# Lyman Mustang Breakaway 50 Cal?



## Chuck (Sep 24, 2000)

Has any one ever looked at one of these in person or own or shot one?

I wan to get a break open action muzzy for next year and I cant stand the synthetic stock guns. They all seem to light and plast-icky.

H&R and New England firearms used to sell break opens but I cant them listed any more.


----------



## Swamp Monster (Jan 11, 2002)

It looks to be a decent gun. I have a couple issues with it however. The stock design is not very ideal if you plan to scope it...and most use scopes. The stock has a lot of drop in it so one would need to add high comb to the stock. This can be done with accessory combs if need be. I would also make sure that the breech plug can be used with BH209...no sense in buying a gun that doesn't work with the best powder option available right now. 

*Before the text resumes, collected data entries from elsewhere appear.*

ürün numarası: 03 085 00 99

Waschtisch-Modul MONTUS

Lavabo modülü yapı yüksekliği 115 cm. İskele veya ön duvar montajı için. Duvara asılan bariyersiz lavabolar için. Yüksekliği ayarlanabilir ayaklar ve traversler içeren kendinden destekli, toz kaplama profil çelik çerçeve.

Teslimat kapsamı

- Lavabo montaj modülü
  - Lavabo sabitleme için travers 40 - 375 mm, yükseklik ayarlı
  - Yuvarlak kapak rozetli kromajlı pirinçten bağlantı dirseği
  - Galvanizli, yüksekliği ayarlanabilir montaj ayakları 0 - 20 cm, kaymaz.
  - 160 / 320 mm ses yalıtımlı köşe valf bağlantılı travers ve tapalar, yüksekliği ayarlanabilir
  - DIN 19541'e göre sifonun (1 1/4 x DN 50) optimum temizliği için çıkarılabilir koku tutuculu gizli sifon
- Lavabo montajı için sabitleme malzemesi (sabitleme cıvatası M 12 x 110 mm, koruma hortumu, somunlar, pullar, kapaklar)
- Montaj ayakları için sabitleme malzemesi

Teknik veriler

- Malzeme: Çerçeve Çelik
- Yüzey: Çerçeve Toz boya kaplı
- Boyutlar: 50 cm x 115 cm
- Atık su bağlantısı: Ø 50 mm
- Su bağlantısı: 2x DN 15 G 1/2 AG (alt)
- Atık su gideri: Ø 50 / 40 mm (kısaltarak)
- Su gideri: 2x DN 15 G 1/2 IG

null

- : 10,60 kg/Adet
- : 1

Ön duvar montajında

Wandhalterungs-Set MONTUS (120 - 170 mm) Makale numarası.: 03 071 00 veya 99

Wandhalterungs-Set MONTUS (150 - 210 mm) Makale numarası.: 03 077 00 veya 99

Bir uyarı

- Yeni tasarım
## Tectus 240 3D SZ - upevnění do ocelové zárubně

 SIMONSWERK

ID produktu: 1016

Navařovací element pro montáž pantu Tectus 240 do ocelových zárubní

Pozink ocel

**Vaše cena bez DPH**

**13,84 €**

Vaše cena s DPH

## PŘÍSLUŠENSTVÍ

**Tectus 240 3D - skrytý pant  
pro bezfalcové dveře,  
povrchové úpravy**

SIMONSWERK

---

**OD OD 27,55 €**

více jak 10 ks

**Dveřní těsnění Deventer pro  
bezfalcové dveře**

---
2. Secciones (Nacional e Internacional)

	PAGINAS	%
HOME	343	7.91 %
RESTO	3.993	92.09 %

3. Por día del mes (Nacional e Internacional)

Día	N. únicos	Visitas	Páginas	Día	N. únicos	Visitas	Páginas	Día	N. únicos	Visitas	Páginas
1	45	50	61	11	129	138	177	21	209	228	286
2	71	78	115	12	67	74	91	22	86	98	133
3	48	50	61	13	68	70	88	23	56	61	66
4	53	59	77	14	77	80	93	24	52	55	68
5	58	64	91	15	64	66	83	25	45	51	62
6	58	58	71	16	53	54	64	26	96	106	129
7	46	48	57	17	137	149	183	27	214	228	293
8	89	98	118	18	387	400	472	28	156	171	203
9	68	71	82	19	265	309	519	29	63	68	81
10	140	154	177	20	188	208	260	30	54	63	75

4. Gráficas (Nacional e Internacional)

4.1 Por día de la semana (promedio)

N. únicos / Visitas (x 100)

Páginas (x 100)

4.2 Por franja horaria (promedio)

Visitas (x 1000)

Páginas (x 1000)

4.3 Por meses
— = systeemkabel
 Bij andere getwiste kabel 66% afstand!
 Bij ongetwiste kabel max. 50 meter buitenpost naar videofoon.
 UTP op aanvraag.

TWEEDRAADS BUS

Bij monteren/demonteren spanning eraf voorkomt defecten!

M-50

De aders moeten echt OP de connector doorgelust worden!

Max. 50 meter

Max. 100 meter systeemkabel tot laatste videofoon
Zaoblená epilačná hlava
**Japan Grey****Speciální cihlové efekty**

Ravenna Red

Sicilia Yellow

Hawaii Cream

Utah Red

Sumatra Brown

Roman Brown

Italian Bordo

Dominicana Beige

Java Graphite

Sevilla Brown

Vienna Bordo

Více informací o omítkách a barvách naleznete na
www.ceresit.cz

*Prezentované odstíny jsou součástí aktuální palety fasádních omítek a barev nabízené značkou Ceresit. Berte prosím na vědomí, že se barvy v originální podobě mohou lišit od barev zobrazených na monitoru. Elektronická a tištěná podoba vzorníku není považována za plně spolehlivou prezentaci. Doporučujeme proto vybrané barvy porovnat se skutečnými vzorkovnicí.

You can purchase a T/C Encore in blued/wood as well. They make it in the regular Encore and they make a blued Pro Hunter. For the price, I've seen the blued regular Encores selling for the mid $500's. the Pro Hunters will be more, but standard Encores are excelent values these days. Plus you have the versatility of adding additional barrels someday. I see the Lyman sells in the $400 range so it is cheaper but a ton cheaper. I have no idea about the accuracy of the Lyman, but Lyman seems to have a solid reputation in their traditional guns. I've never seen a Mustang at the range even to have any accuracy idea.


----------